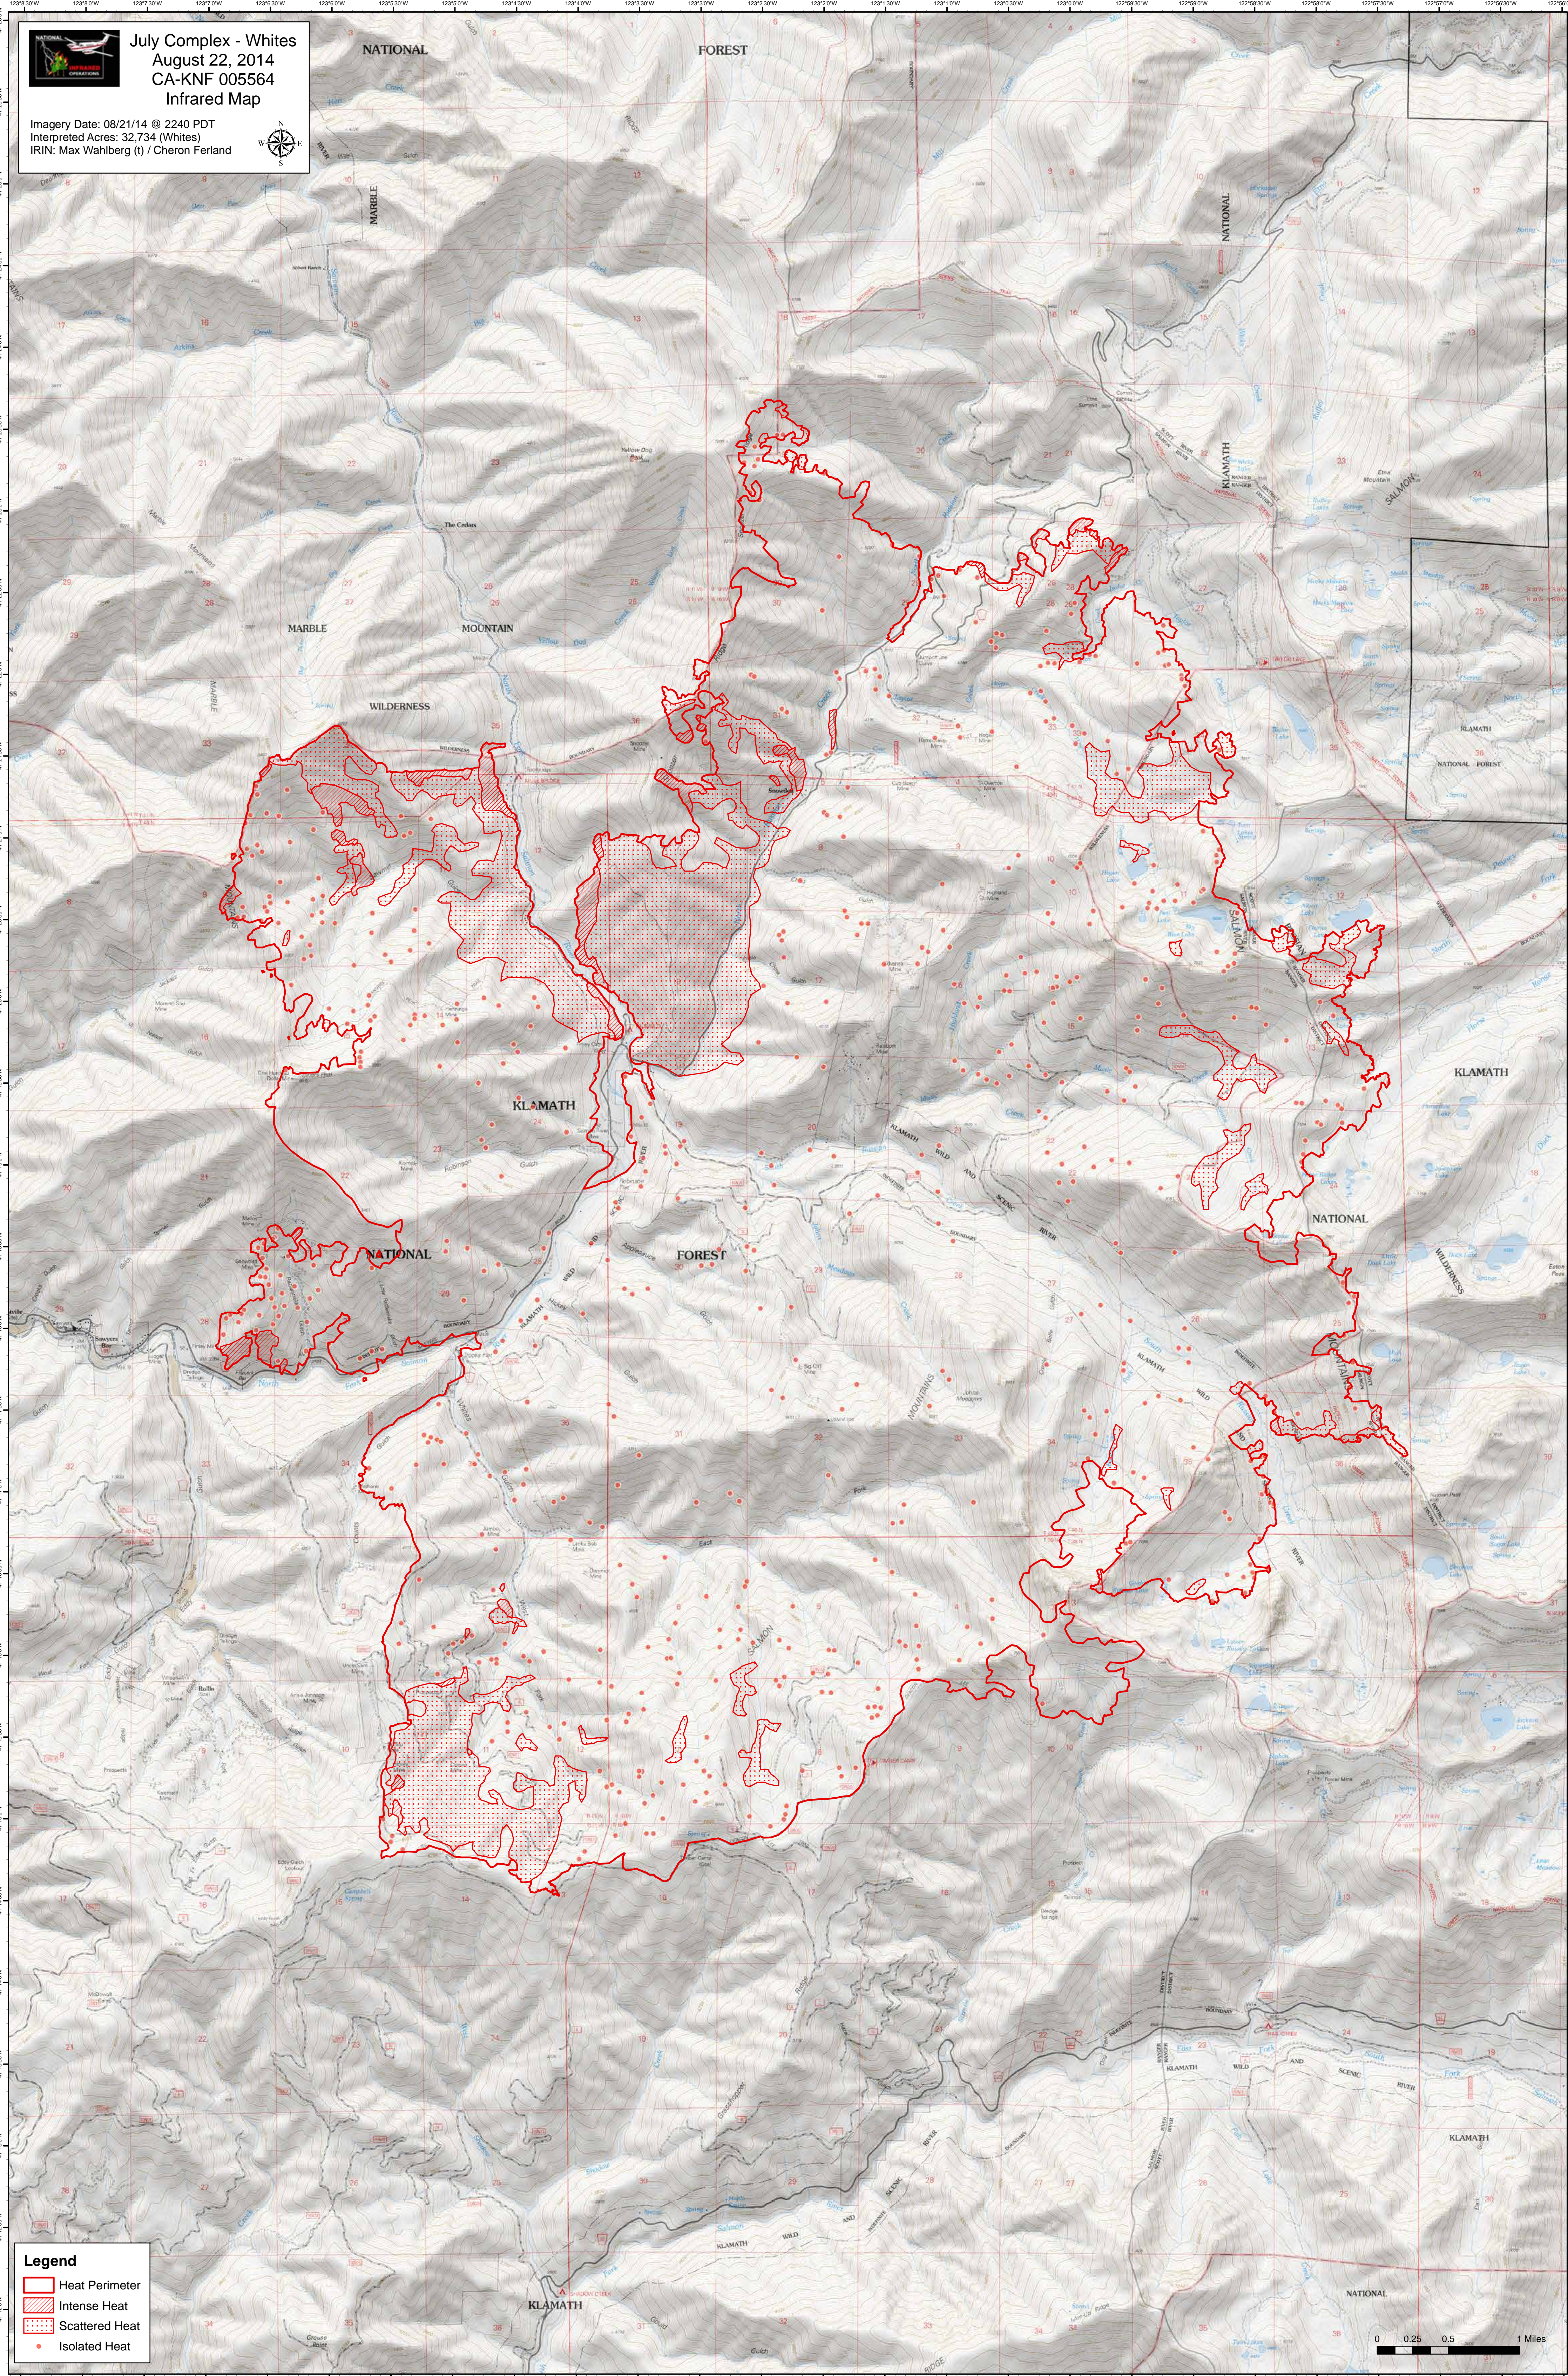

**July Complex - Whites**  
**August 22, 2014**  
**CA-KNF 005564**  
**Infrared Map**

Imagery Date: 08/21/14 @ 2240 PDT  
 Interpreted Acres: 32,734 (Whites)  
 IRIN: Max Wahlberg (I) / Cheron Ferland

**Legend**

-  Heat Perimeter
-  Intense Heat
-  Scattered Heat
-  Isolated Heat

============

* _What the task asks_
Print the line containing "Imagery Date: 08/21/14 @ 2240 PDT", then every line after it through the last line of the records, each exactly as written; nothing else belongs in the answer.

* _Task solution_
Imagery Date: 08/21/14 @ 2240 PDT  
 Interpreted Acres: 32,734 (Whites)  
 IRIN: Max Wahlberg (I) / Cheron Ferland

**Legend**

-  Heat Perimeter
-  Intense Heat
-  Scattered Heat
-  Isolated Heat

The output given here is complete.